Tragedia en Tailandia: fallece el futbolista Safwan Awae
El fútbol en el sur de Tailandia se detuvo de golpe el martes 5 de agosto de 2026. No por un gol decisivo, ni por una polémica arbitral. Lo frenó el cielo.
Safwan Awae, extremo de 24 años de Yala FC, murió después de ser alcanzado por un rayo en pleno partido de la Golok Cup, en la provincia de Narathiwat. El encuentro se disputaba en el Santiphap Stadium, en el distrito de Su-ngai Kolok, bajo una lluvia cada vez más densa, típica del monzón. El balón seguía rodando. El peligro, esta vez, no estaba en una entrada dura, sino en las nubes.
De pronto, el destello. Un fogonazo brutal sobre el césped. Y el silencio.
Un estadio paralizado por un destello
Las imágenes grabadas desde la grada muestran el instante en que el rayo impacta en el campo y el partido se rompe en pánico. Jugadores cayendo al suelo, otros llevándose las manos a la cabeza, aficionados saltando desde las tribunas para correr hacia el punto del impacto.
En el centro del caos, Safwan Awae.
Compañeros, rivales y espectadores se lanzaron hacia él, tratando de reanimarlo como podían, intentando cubrirlo de la lluvia mientras el agua seguía golpeando el césped. No había tiempo para procesar nada. Solo urgencia.
Los servicios de emergencia llegaron al Santiphap Stadium y trasladaron al futbolista al hospital en estado crítico. Horas después, el jefe de policía, Thun Sirikhunt, confirmó la peor noticia: Safwan no había sobrevivido a las heridas causadas por el rayo.

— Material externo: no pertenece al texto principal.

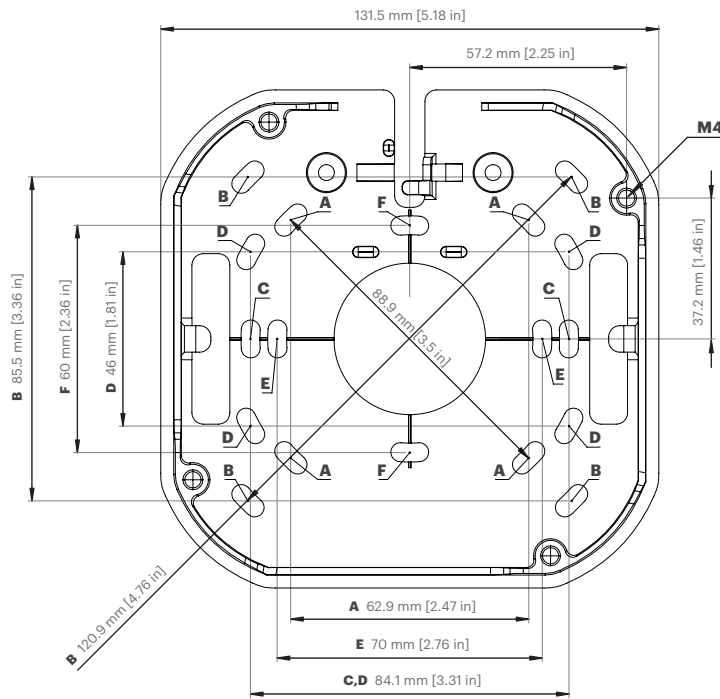

IP66 (IEC/EN 60529)

Temperature

Operating: -40°C to +50°C

Storage: -40°C to +60°C

Heater: 9.6W

Physical characteristics

Dimensions: 152x152x77mm

Weight: 1.1 kg

Body: Aluminum

EMC

EN 55032, EN 61000-3-2/-3, EN 55024, EN 55035, EN61000-6-2/-4, FCC Part 15B, ICES-003 Issue 6

Safety

IEC60950-1, IEC62368-1, IEC60950-22, UL/CSA60950-1, UL/CSA 62368-1, UL E164374, NOM-019, IEC62471(IR LED)

Technical drawings

360, side view

Scale 1:2

Mounting bracket, top view

Scale 1:2

	Designation	Dimension (mm)	Dimension (inch)
A	Octagon	62.9 x 62.9 (88.9 diagonal)	2.47 x 2.47 (3.50 diagonal)
B	4" Square Box	85.5 x 85.5 (120.9 diagonal)	3.36 x 3.36 (4.76 diagonal)
C	Single Gang	84.1	3.31
D	Double Gang	84.1 x 46	3.31 x 1.81
E	EU Ceiling Box	70	2.76
F	EU Outlet Box	60	2.36
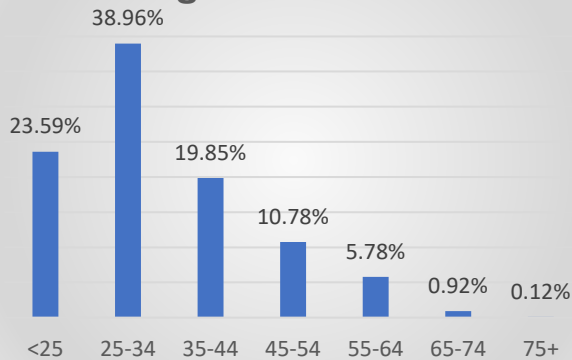

Sheriff's Daily Report

7/22/2021

Under the Custody of the Sheriff	
Total Male and Female	9,339
Jail Population	5,903
Community Corrections	3,436

Jail Population - Behind the Walls

Behind the Walls: Detainees that are physically housed under the Sheriff's custody 24 hours a day/7 days a week. This includes all populations listed on this chart - Divisional populations male & female, Outside Counties, Hospital, PRC, Women's Residential, & VRIC. Detainees in court-ordered treatment programs (PRC, Women's Residential, VRIC) are housed at CCDOC 24 hours a day/7 days week.

Sheriff's Daily Report

7/22/2021

CCSO Population Demographics

In Confinement

Community Corrections

Gender Distribution

Gender Distribution

Race Distribution

Race Distribution

Age Distribution

Age Distribution
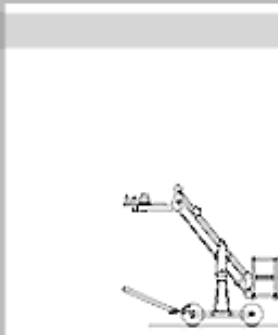

### Felix Dolly

Weight:	<b>79 lbs</b>
Dimensions Length:	<b>4'1"</b>
Width:	<b>2'4"</b>
Max. payload capacity:	<b>1980 lbs</b>
Track width:	<b>2'</b>

The Felix Crane is TÜV certified

**Crane-Version** Felix Dolly Mini Felix Felix Vers. I Felix Vers. II Felix Vers. III Felix Vers. IV Felix Vers. V

### Mini Felix

Max. Euroadapter height:	<b>5'4"</b>
Lift range:	<b>4'9"</b>
Max. Euroadapter depth:	<b>-0'5"</b>
Weight crane + dolly:	<b>287 lbs</b>
Max. working load:	<b>265 lbs</b>
Max. counterweight:	<b>494 lbs</b>
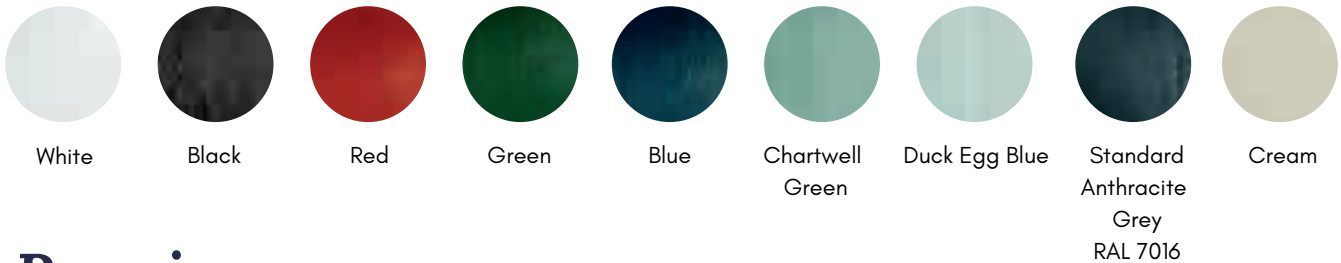

Chartwell Green

Pastel Yellow

Pastel Blue

Anthracite Grey

Almond

NEW

**Sandblasted,
ICE EDGE &
pinstripe**

ICE EDGE

pinstripe

hallmark
COLOUR LAB

stand out
from the
crowd

Smooth
Anthracite Frame
NOW AVAILABLE

Paint Mixed
In-House

Colour Bonded
In-House

2000+
Colour Options

Uniformed
Coverage

Explore our extensive range of bespoke colour options and make your home stand out from the crowd.

Standard Colour Range

Premium **Pro** colour range

*all colours incur surcharge excluding white - imagery for demonstration purposes only

DELUXE MATTE EDITION COLOUR RANGE

MAKE YOUR DOOR TRULY BESPOKE TO YOU WITH THE ALL-NEW DELUXE MATTE EDITION COLOUR RANGE.

- ✓ REDUCED GLOSS
- ✓ ENHANCED APPEARANCE
- ✓ REDUCED SUNLIGHT REFLECTIONS

More reasons to choose a Hallmark door
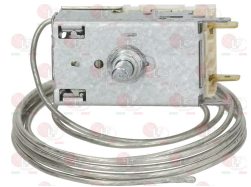

MONDIAL ELITE 1001105

MONDIAL ELITE 1001160

3444803 THERMOSTAT RANCO K50B S3508
2 contacts 6A 250V
capillary 1500 mm
D-shaped pin $\varnothing$ 6x4.6 mm
interchangeable with ATEA A01-0791
Ranco K50 L3430

MONDIAL ELITE 1101031

MONDIAL ELITE 1101056

3241800 THERMOSTAT BLACK KNOB
for D-shaped pin $\varnothing$ 6 x 4.6 mm

Doce jugadores heridos y un vestuario marcado
El impacto no solo se cobró la vida del jugador de Yala FC. Doce futbolistas más resultaron heridos, con quemaduras de distinta gravedad. Entre ellos, el malasio Alif Ezzahan Zulkifli, de 22 años.
Varios jugadores fueron trasladados al hospital de Sungai Kolok para recibir tratamiento. Un torneo regional, pensado para celebrar el fútbol en la frontera sur de Tailandia, terminó convertido en una escena de tragedia colectiva, con compañeros y familiares aguardando noticias en pasillos de hospital en lugar de vestuarios.
Un sueño cumplido… durante apenas unos días
El golpe emocional para Yala FC es todavía más profundo por el contexto. Safwan Awae había firmado su contrato con el club apenas una semana antes del partido. Para él, no era un simple cambio de equipo. Era, según los informes locales, la culminación de un sueño de toda la vida.
Había logrado lo que llevaba años persiguiendo. Había entrado en el vestuario, se había puesto la camiseta, había empezado a escribir su historia profesional. No tuvo tiempo de ampliarla. No llegó a construir la carrera que imaginaba sobre ese primer gran paso.
Se quedó en un solo capítulo.
Luto en Yala FC y en el fútbol tailandés
El club publicó un comunicado en su página oficial expresando sus condolencias a la familia del jugador, un mensaje breve y cargado de pesar. No hay muchas palabras posibles cuando un futbolista de 24 años muere en el campo.
La Federación de Fútbol de Tailandia, FAT, también reaccionó, asegurando que comparte el dolor con la familia, los amigos y el club en este momento tan difícil. Más allá de las fórmulas institucionales, el impacto en la comunidad futbolística del país es evidente: un recordatorio brutal de lo vulnerables que siguen siendo los jugadores ante fenómenos extremos, sobre todo en regiones castigadas por lluvias torrenciales y tormentas eléctricas.
Un deporte golpeado por tragedias
El caso de Safwan Awae se suma a otros episodios recientes que han sacudido al fútbol en distintos rincones del mundo. En Brasil, el joven Micael Leandro da Silva fue asesinado a tiros poco después de disputar un torneo amateur en Maceió, en un hecho que también dejó a una familia destrozada y a una comunidad futbolera en shock.
Son historias distintas, contextos diferentes, pero un mismo hilo trágico: jóvenes que encuentran en el fútbol una vía de esperanza y terminan perdiendo la vida alrededor de un balón.
En Narathiwat, el recuerdo de aquel destello sobre el Santiphap Stadium seguirá persiguiendo a quienes estuvieron allí. Para Yala FC, cada salida al campo llevará, desde ahora, un nombre en la memoria: Safwan Awae, el extremo que alcanzó su sueño… justo antes de que el cielo se lo arrebatara.